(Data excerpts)
------------------------------

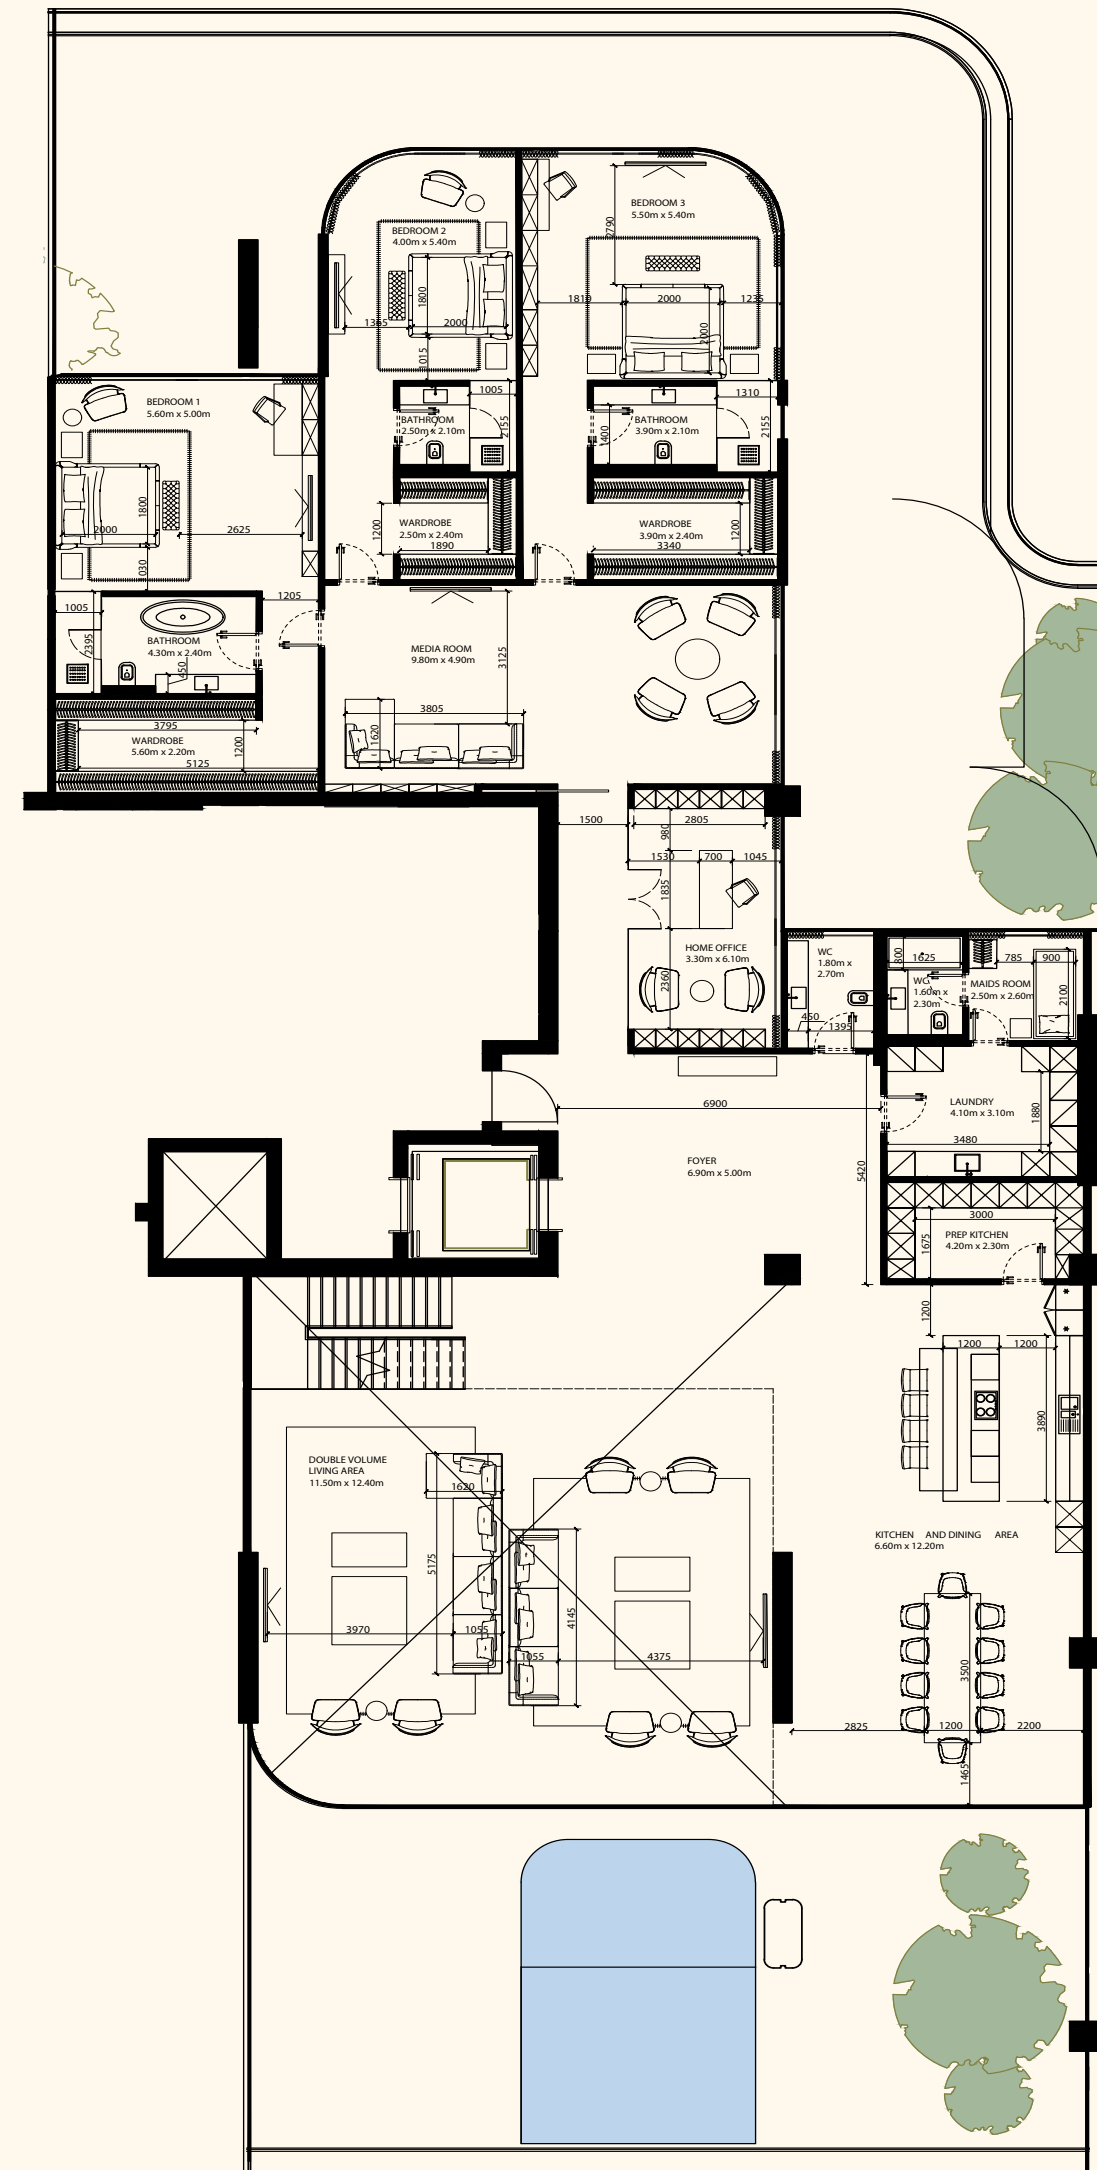

DORCHESTER COLLECTION
DUBAI

Sea View

Beach View

Unit 205

4 Bedroom Duplex | 6 Bathrooms | 4 Parking Spaces

Residence	6,566 sq. ft.	610 sq. mt.
Terrace	4,578 sq. ft.	425 sq. mt.
Total	11,145 sq. ft.	1,035 sq. mt.

Lower Level

Upper Level

ORLA

DORCHESTER COLLECTION
DUBAI

Sea View

Beach View

Unit 206

4 Bedroom Duplex | 6 Bathrooms | 4 Parking Spaces

Residence	6,861 sq. ft.	637 sq. mt.
Terrace	3,562 sq. ft.	331 sq. mt.
Total	10,424 sq. ft.	968 sq. mt.

Lower Level

Upper Level

ORLA

DORCHESTER COLLECTION
DUBAI

Sea View

Beach View

Lower Level

------------------------------

WHAT NEEDS TO BE DONE ▸ Please return all of the entries word for word, excluding the pictures.

COMPLETED TASK ▸
DORCHESTER COLLECTION
DUBAI

Sea View

Beach View

Unit 205

4 Bedroom Duplex | 6 Bathrooms | 4 Parking Spaces

Residence	6,566 sq. ft.	610 sq. mt.
Terrace	4,578 sq. ft.	425 sq. mt.
Total	11,145 sq. ft.	1,035 sq. mt.

Lower Level

Upper Level

ORLA

DORCHESTER COLLECTION
DUBAI

Sea View

Beach View

Unit 206

4 Bedroom Duplex | 6 Bathrooms | 4 Parking Spaces

Residence	6,861 sq. ft.	637 sq. mt.
Terrace	3,562 sq. ft.	331 sq. mt.
Total	10,424 sq. ft.	968 sq. mt.

Lower Level

Upper Level

ORLA

DORCHESTER COLLECTION
DUBAI

Sea View

Beach View

Lower Level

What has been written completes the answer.